The fatwa placed on Larry David during the season premiere of Curb Your Enthusiasm has been the overarching plot for its ninth season, showcasing Larry’s struggles to undo and come to terms with it. However, the latest episode gave Larry a break from his paranoia, with the fatwa pushed to the side.

CURB YOUR ENTHUSIASM SEASON 9, EPISODE 5 RECAP

David begins the episode talking with Sal, the relatively new gatekeeper at his local golf club. Sal’s jovially demonstrating two accents to a visibly impatient Larry, asking him which voice sounds more accurate. We cut to Larry in the club’s restaurant with Jeff Green and Richard Lewis, with Larry confiding to them how tiring it is to talk with Sal, wishing he could hit a reset button on their relationship.

The waiter arrives to take their orders. Although Larry was concerned over how the chef “made a face” upon hearing his request to broil his meal, Larry decides he still wants it broiled. Larry more overtly annoys a fellow golf aficionado when he informs him that, while his infant daughter is cute, she “looks a little Asian.” Later, Larry’s back at home, conversing with his mailwoman, Jane. Larry jokes that she’s a stickler, spurring her to quip how that might be why she’s still single.

That night, Jeff and Susie are hosting a party for their daughter and her fiance, Victor, a former soldier. Jeff makes a passing mention of his exploits with his realtor to Richard and Larry, causing the latter to talk about his attractive mailwoman. “We don’t care about what they do, we care about what they look like,” Larry asserts. Richard concurs, noting how he dated a garbage woman once. Larry, displeased with that revelation, moves over to Susie, where the two discuss the merit of “Save the Date” cards. (Larry believes it’d be easier to just send a wedding invitation from the get-go, Susie insist “this is how it’s done.”) Shortly thereafter the happy couple arrives, though they don’t stay long. Whereas everyone else thanked Victor for his service, Larry said it was nice to meet him. Larry subsequently departs after an irate Susie, displeased with how her delicious salmon will go to waste, forces him out.

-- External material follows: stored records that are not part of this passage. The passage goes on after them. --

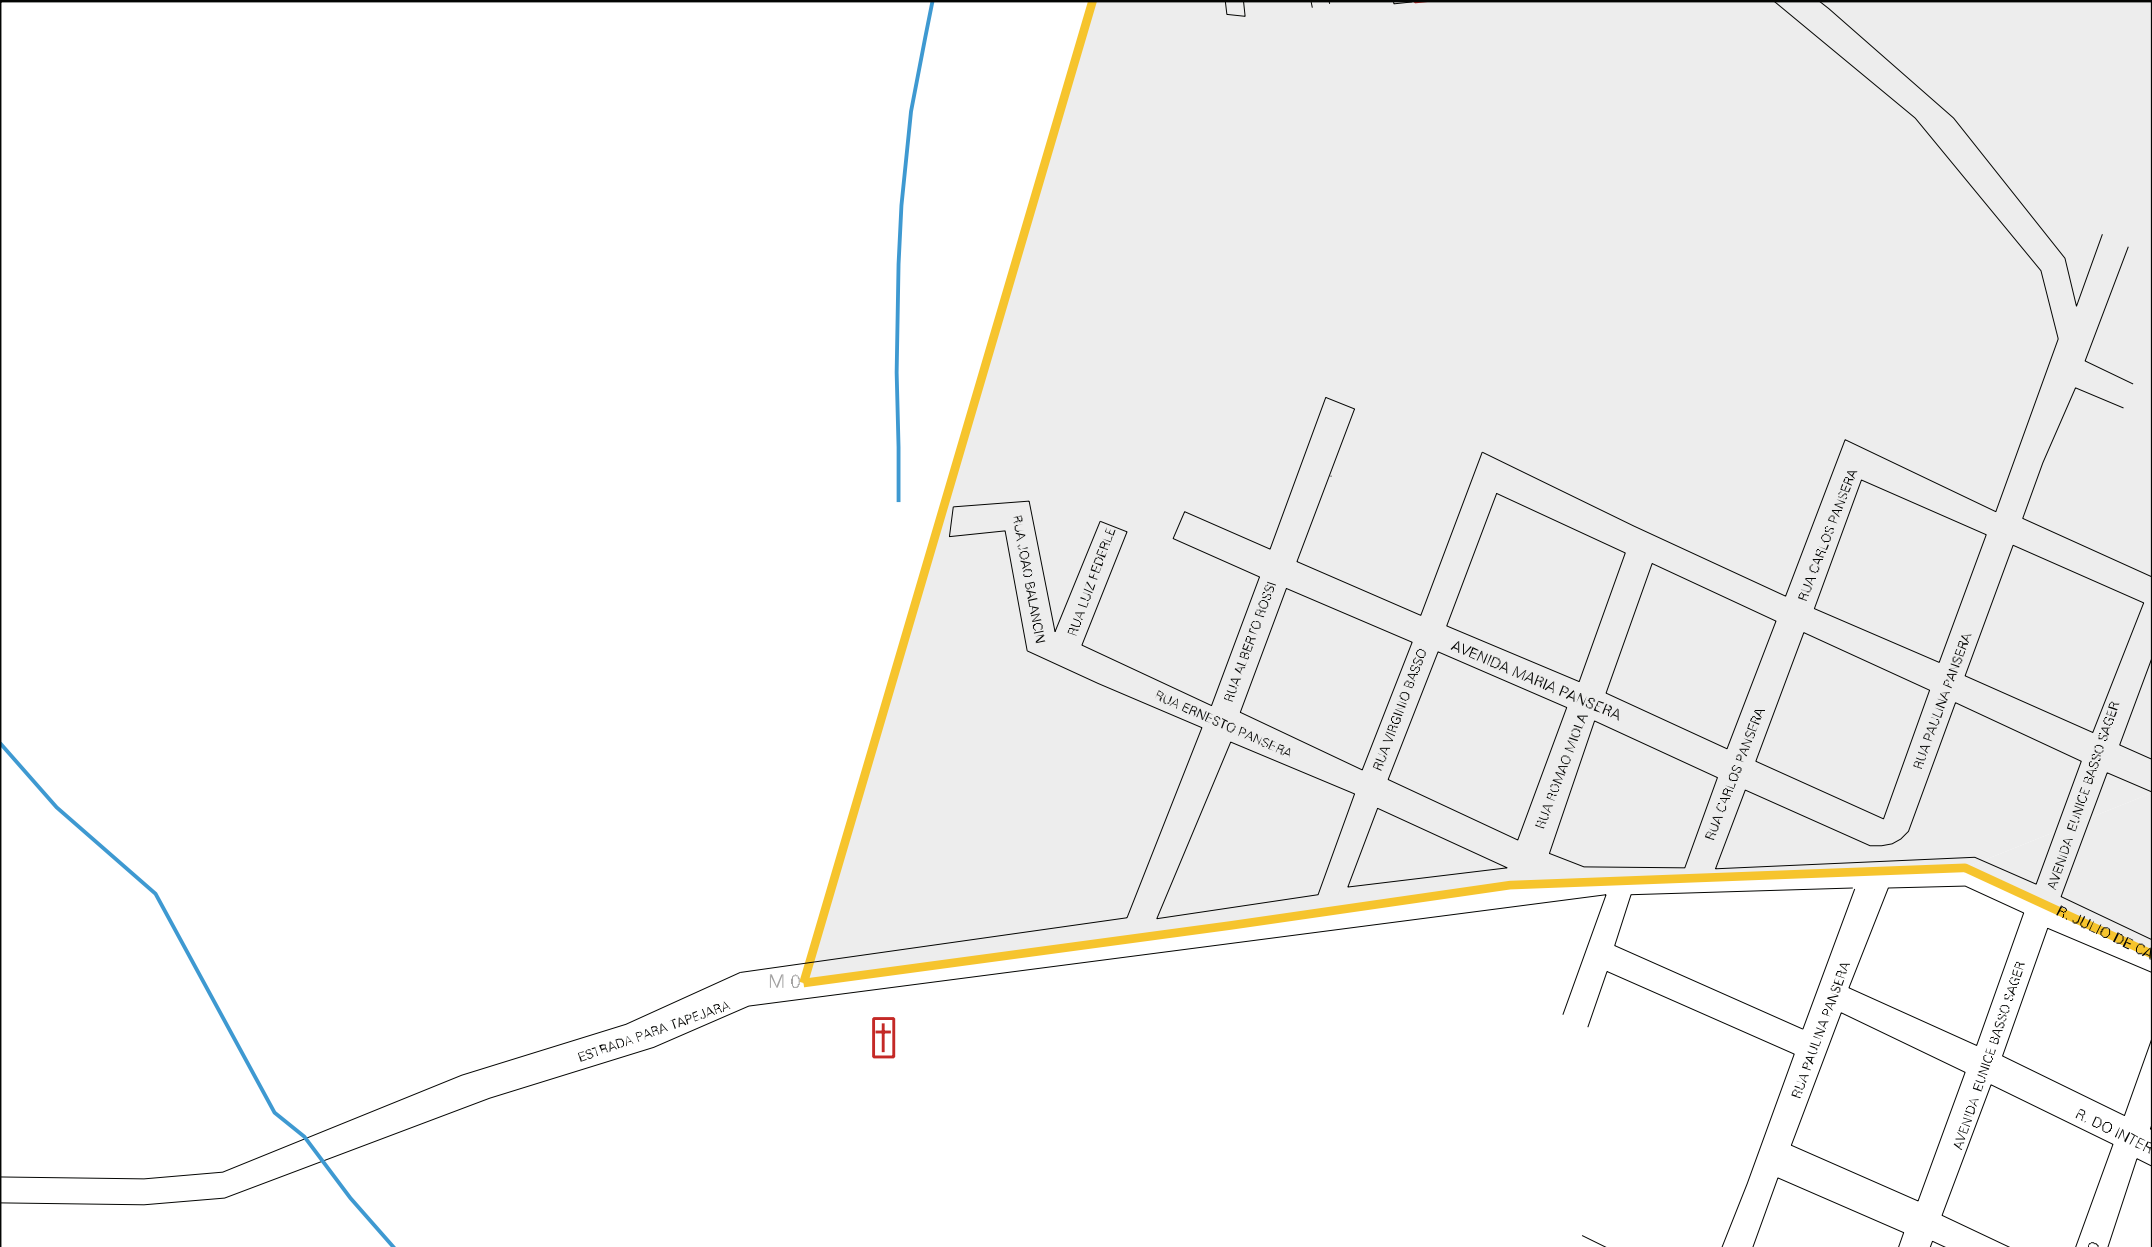

ESTRADA PARA BUTIA BAIXO

RIO ARACA

RUA G

RUA E

RUA F

PRACA

RUA D

RUA C

RUA B

RUA 13

43 09803 05 00 0001

CENSO AGROPECUARIO 2006
CONTAGEM DA POPULACAO 2007

MUNICIPIO: 09803 - IBIACÁ
DISTRITO: 05 - IBIACÁ
SUBDISTRITO: 00
SETOR: 0001 SITUACAO: 10

ESTADO DO RIO GRANDE DO SUL
MAPA DE SETOR URBANO - MSU
ESCALA: 1 : 5411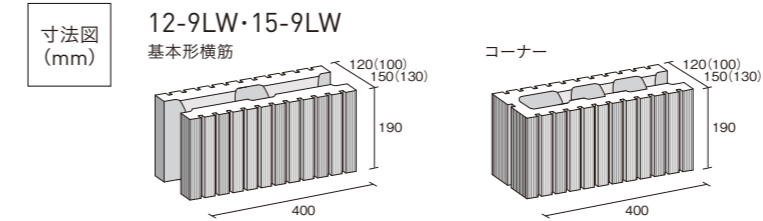

グレー

ベージュ

ブラウン

グレー

●コーナーは左右兼用です。
●モジュール寸法で表示しています。
※()内は正味厚さ

商品名	色	規格・名称	本体価格(税別)	1㎡価格(税別)	使用個数(1㎡当り)	サイズ t×L×H(mm)	重量(kg/個)
シルマ12-1LW(両面)	グレー ベージュ ブラウン	基本形横筋	590円	7,375円/㎡	12.5/㎡	120(100)×400×190 ()内は正味厚さ	12.9
		コーナー	740円	—	—		13.1
シルマ15-1LW(両面)	グレー ベージュ ブラウン	基本形横筋	810円	10,125円/㎡	12.5/㎡	150(130)×400×190 ()内は正味厚さ	15.0
		コーナー	1,010円	—	—		14.6

STELLA
ステラシリーズ[®] PAT.P Series
CAPELLA[®]
カペラ

ブロックの可能性を広げる気品ある佇まい。

スクラッチタイルのようなデザインに、上質で自然な色合いを表現しました。豊かな濃淡の表情が、シンプルさの中に存在感を醸し出し、落ち着いた雰囲気演出します。

イエローベージュ

オレンジブラウン

●コーナーは左右兼用です。
●モジュール寸法で表示しています。
※()内は正味厚さ

商品名	色	規格・名称	本体価格(税別)	1㎡価格(税別)	使用個数(1㎡当り)	サイズ t×L×H(mm)	重量(kg/個)
カペラ12-9LW(両面)	イエローベージュ オレンジブラウン	基本形横筋	590円	7,375円/㎡	12.5/㎡	120(100)×400×190 ()内は正味厚さ	12.6
		コーナー	740円	—	—		—
カペラ15-9LW(両面)	イエローベージュ オレンジブラウン	基本形横筋	810円	10,125円/㎡	12.5/㎡	150(130)×400×190 ()内は正味厚さ	14.5
		コーナー	1,010円	—	—		14.0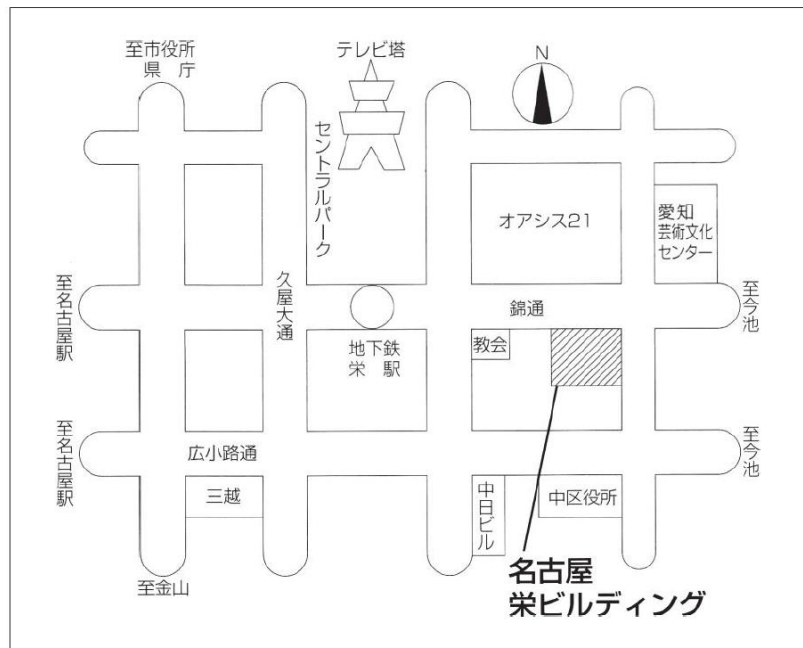

札幌試験場

- 試験場
北海道建設会館
- 所在地
札幌市中央区
北4条西3-1
- 道順
札幌駅前東急百貨店
西隣
JR「札幌駅」(南口)
から徒歩5分

※当試験場構内・外には駐車できません。

東京試験場

- 試験場
フクラシア品川
クリスタル (港南)
3階
- 所在地
港区港南 1-6-41
芝浦クリスタル品川
3階
- 道順
JR「品川駅」
港南口から
徒歩8分

※当試験場構内・外には駐車できません。

名古屋試験場

- 試験場
名古屋栄ビルディング
- 所在地
名古屋市東区武平町
5丁目1番地
- 道順
地下鉄
「栄駅」下車⑤番出口
から徒歩1分

※当試験場構内・外には駐車できません。

大阪試験場

- 試験場
新大阪丸ビル別館
- 所在地
大阪市東淀川区
東中島1-18-22
- 道順
JR「新大阪駅」東口
から徒歩2分
地下鉄御堂筋線
「新大阪駅」
⑤、⑥番改札口
から徒歩8分

※当試験場構内・外には駐車できません。

高松試験場

●試験場

サン・イレブン高松

●所在地

高松市松福町2-15-24

●道順

ことடன்志度線

「松島二丁目駅」から
徒歩1分

※当試験場構内・外には駐車できません。

福岡試験場

●試験場

リファレンス駅東ビル

●所在地

福岡市博多区
博多駅東 1-16-14

●道順

JR「博多駅」筑紫口から
徒歩4分
地下鉄「博多駅」
筑紫口から徒歩4分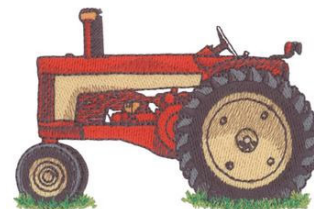

**Name:** Classic Tractor Machine Embroidery Design

**SKU:** DC01-EQ0566

**Brand:** Dakota Collectibles

**Unique Colors:** 13 (11 color Stops)

Larry and Jane are purchasing snacks at a movie theater, and while Larry’s apprehensive over her tendency to meld Reese’s Pieces with popcorn, he agrees to go along with it. Jane saved their seats as Larry paid for their food, though it takes Larry a considerable amount of time to find where she was. They bicker over whether Larry’s disturbance made a scene or if Jane should have gestured at Larry more discernibly. Consequently, Larry asked if they could hit a reset button that night as he walked her to her door. He insists how he needs to psyche himself up when seeing his partner, and it’s challenging to do that when he sees her six days a week. She makes a face, reluctant to reset their relationship.

Likewise, Larry tries to reset his dynamic with Sal next afternoon, which ends with him visibly angry. Once inside, Jeff informs Larry how Victor is obsessed with Larry’s refusal to thank him. Victor, a Seinfeld fan, was hoping to become friends with Larry, who wants to make amends. Fortunately, he has a perfect idea: Sal’s Revolutionary War reenactment. Jeff gleefully confirms Victor would love to take part in that.

The reenactment goes poorly. Larry and Victor are both donning blue coats, prepared to play their part. However, Sal spots Larry after they start marching, and retaliates by shooting cannons at him. Victor begins showcasing signs of PTSD upon being attacked, and the two run off in the chaos. They emerge into the parking lot, spotting the golf club’s owner with a younger woman – inspiring Larry to boast how he correctly thought that baby looked “a little Asian” – and he convinces Victor to join him in a few games of golf. “Come on, it’ll be fun.”

Randy, the new guard, greets Larry, commenting how Mr. Takahashi told him Larry’d be coming. Larry casually waves, refusing to strike a conversation. Victor, still shellshocked from earlier, begins chasing after the valets, believing them to be dangerous red coats. A worn out Larry – still in the blue coat he obtained in the war reenactment – walks home as his mailwoman drives by him, throwing his mail at him as she does so. Leon walks out, taking their mail as he thanks Larry for serving.

All in all, “Thank You for Your Service” was another solid entry of Curb Your Enthusiasm. Not conforming to the season’s fatwa plotline was a refreshing change, and Larry’s rapport with his costars, recurring members and this episode’s newcomers alike, remains strong. Moreover, it was nice to finally meet Victor, and I expect his misfortune to be brought up again in a later episode.